A commenter brought up an interesting point over the weekend:
I thought Case-Shiller showed that over time dwellings gained nothing more than inflation.
Let’s see how Seattle’s Case-Shiller index has performed compared to inflation since 2000. In the chart below I’ve plotted Seattle’s Case-Shiller Home Price Index (which comes from the factory indexed to January 2000 = 100) next to the Bureal of Labor Statistics’ Consumer Price Index (less shelter) for the Seattle area, re-indexed to match Case-Shiller’s January 2000 = 100.
[Note: I updated the chart above to include the data released the day after this was posted.]
Surprisingly (to me, anyway) Seattle-area home prices have actually been outpaced by inflation over the 12-year period since 2000.

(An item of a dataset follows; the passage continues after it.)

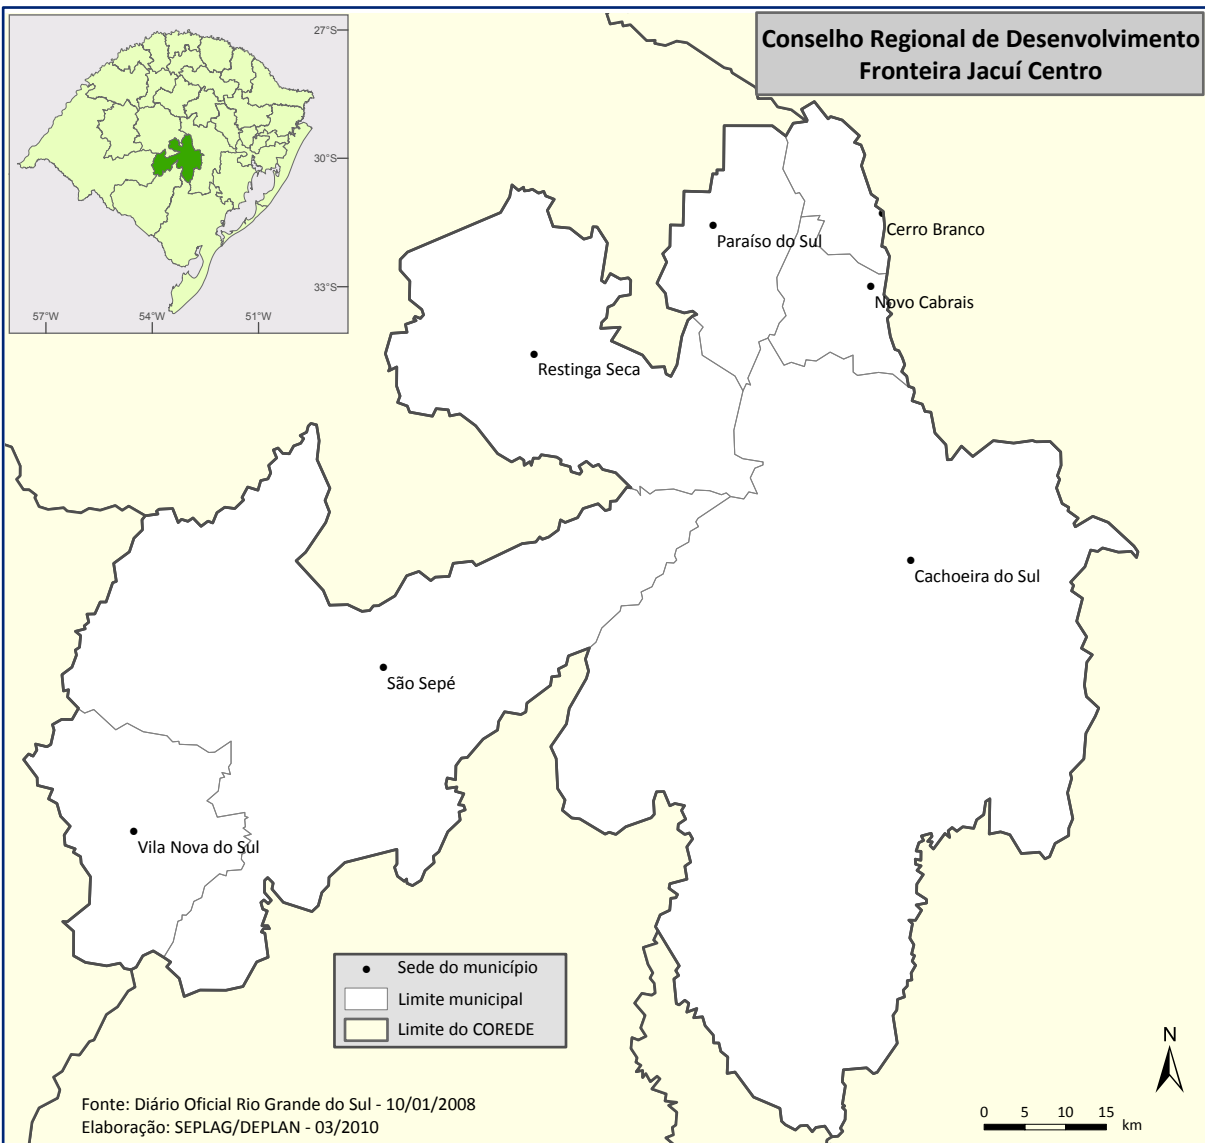

Conselho Regional de Desenvolvimento Fronteira Jacuí Centro

Fonte: Diário Oficial Rio Grande do Sul - 10/01/2008
Elaboração: SEPLAG/DEPLAN - 03/2010

0 5 10 15 km

Local inflation has mostly trended fairly close to the 3% per year line, save for some brief deflation during the 2008 financial crisis. Meanwhile, home prices were trending along the 6% per year line for four years before things really got out of control, shooting them up above the 9% per year since 2000 line in 2006 and 2007.
Since the bursting of the bubble, home prices have blown past the 6% per year line, all the way down through the 3% per year line, and as of October, below Seattle’s inflation since 2000.
Does this mean that every home around Seattle is now a good deal? Nope. Does it mean that prices can’t fall further? Also nope. But in my opinion, it does mean that the vast majority of the excesses of the housing bubble have now been cleared out.